◆ WHAT IS REQUIRED
The output should contain the listing word for word and no pictures.
======== EXERCISE INPUTS
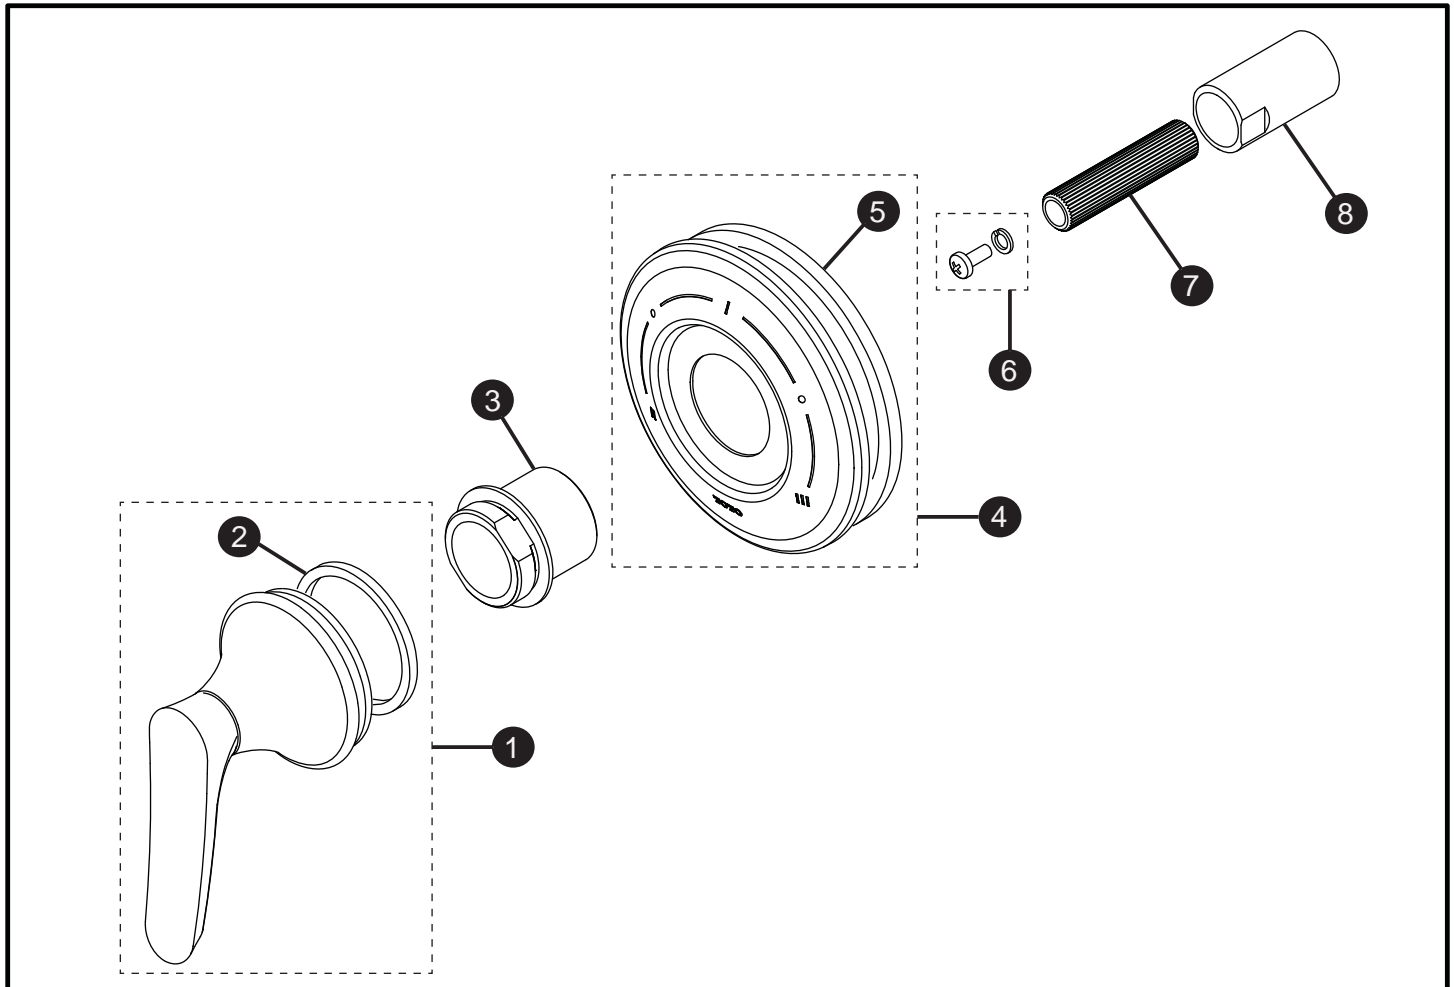

Wyeth™
Three-Way Diverter Trim with Off

Item	Part	Description
1*	THP4905#\$\$	Handle Assembly
2	THP4828	Gasket
3	THP4827	Collar
4*	THP4909#\$\$	Escutcheon with Gasket
5	THP4826	Gasket
6	THP4825	Screw and Lock Washer
7	THP4824	Adapter
8	THP4823	Threaded Extension

LEGEND
\$\$ = Denotes Finish
#CP = Polished Chrome
#BN = Brushed Nickel
#PN = Polished Nickel

* Please specify finish when ordering
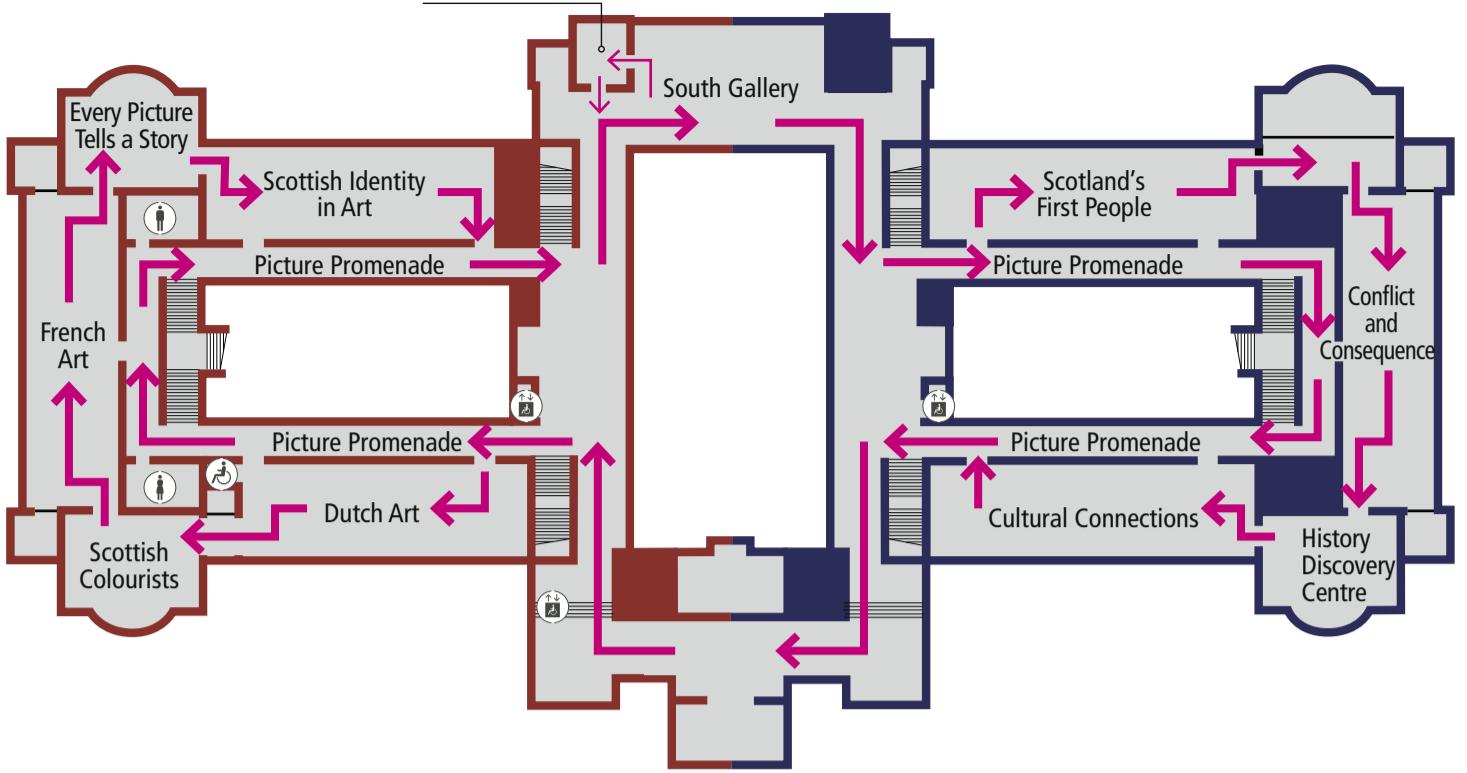

Dali's *Christ of St John of the Cross*

First floor

Ground floor

Lower ground floor

Key to symbols

-  Female Toilets
-  Male Toilets
-  Accessible Toilets
-  Accessible Lift

 One way system – please follow the signs in the galleries
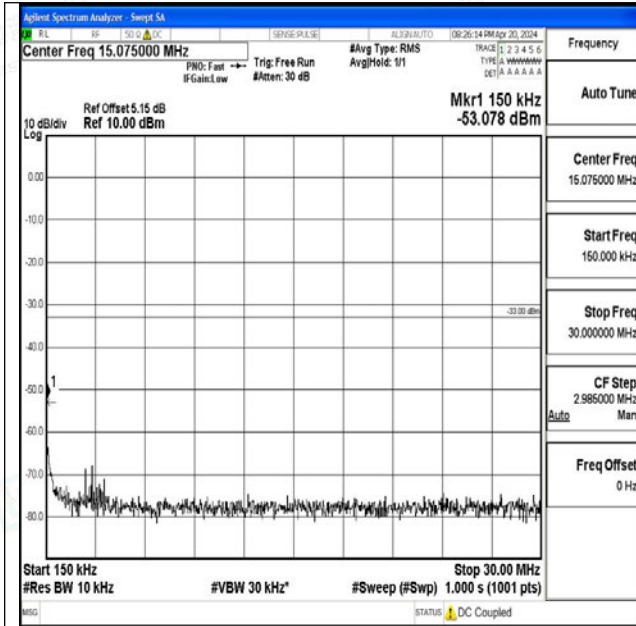

Band66_10MHz_QPSK_132622_1RB#0_0.15~30_0.15~30

Band66_10MHz_QPSK_132622_1RB#0_30~1000_30~1000

Band66_10MHz_QPSK_132622_1RB#0_1000~3000_1000~3000

Band66_10MHz_QPSK_132622_1RB#0_3000~20000_3000~20000

Band66_10MHz_16QAM_132622_1RB#0_0.009~0.15_0.009~0.15
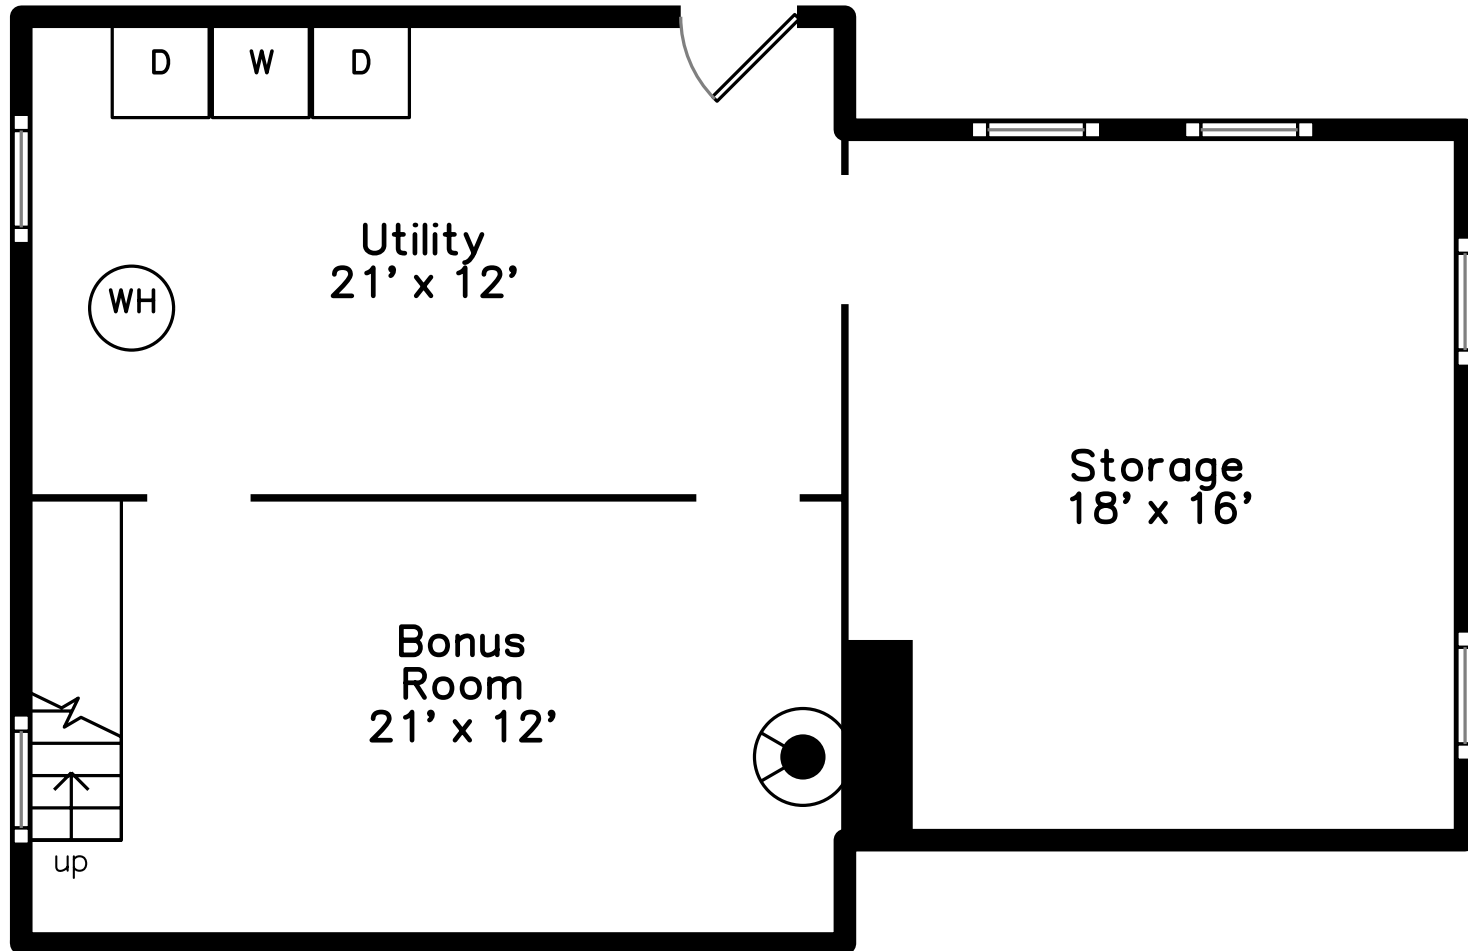

# Basement

# Main

**1 Barchstead Place  
Natick, MA 01760**

PicturePlan by  vis-home

Measurements may not be 100% accurate.  
Floor plans are provided for convenience only.  
Room sizes are not used to calculate area.

# Basement

Outside

Outside

Outside

Outside

Living Room

Living Room

Dining Room

Dining Room

Kitchen

Kitchen

Kitchen

Family Room

Family Room

Bathroom

Deck
================
◆ FINISHED EXERCISE
Wyeth™
Three-Way Diverter Trim with Off

Item	Part	Description
1*	THP4905#\$\$	Handle Assembly
2	THP4828	Gasket
3	THP4827	Collar
4*	THP4909#\$\$	Escutcheon with Gasket
5	THP4826	Gasket
6	THP4825	Screw and Lock Washer
7	THP4824	Adapter
8	THP4823	Threaded Extension

LEGEND
\$\$ = Denotes Finish
#CP = Polished Chrome
#BN = Brushed Nickel
#PN = Polished Nickel

* Please specify finish when ordering

Dali's *Christ of St John of the Cross*

First floor

Ground floor

Lower ground floor

Key to symbols

-  Female Toilets
-  Male Toilets
-  Accessible Toilets
-  Accessible Lift

 One way system – please follow the signs in the galleries

Band66_10MHz_QPSK_132622_1RB#0_0.15~30_0.15~30

Band66_10MHz_QPSK_132622_1RB#0_30~1000_30~1000

Band66_10MHz_QPSK_132622_1RB#0_1000~3000_1000~3000

Band66_10MHz_QPSK_132622_1RB#0_3000~20000_3000~20000

Band66_10MHz_16QAM_132622_1RB#0_0.009~0.15_0.009~0.15

# Basement

# Main

**1 Barchstead Place  
Natick, MA 01760**

PicturePlan by  vis-home

Measurements may not be 100% accurate.  
Floor plans are provided for convenience only.  
Room sizes are not used to calculate area.

# Basement

Outside

Outside

Outside

Outside

Living Room

Living Room

Dining Room

Dining Room

Kitchen

Kitchen

Kitchen

Family Room

Family Room

Bathroom

Deck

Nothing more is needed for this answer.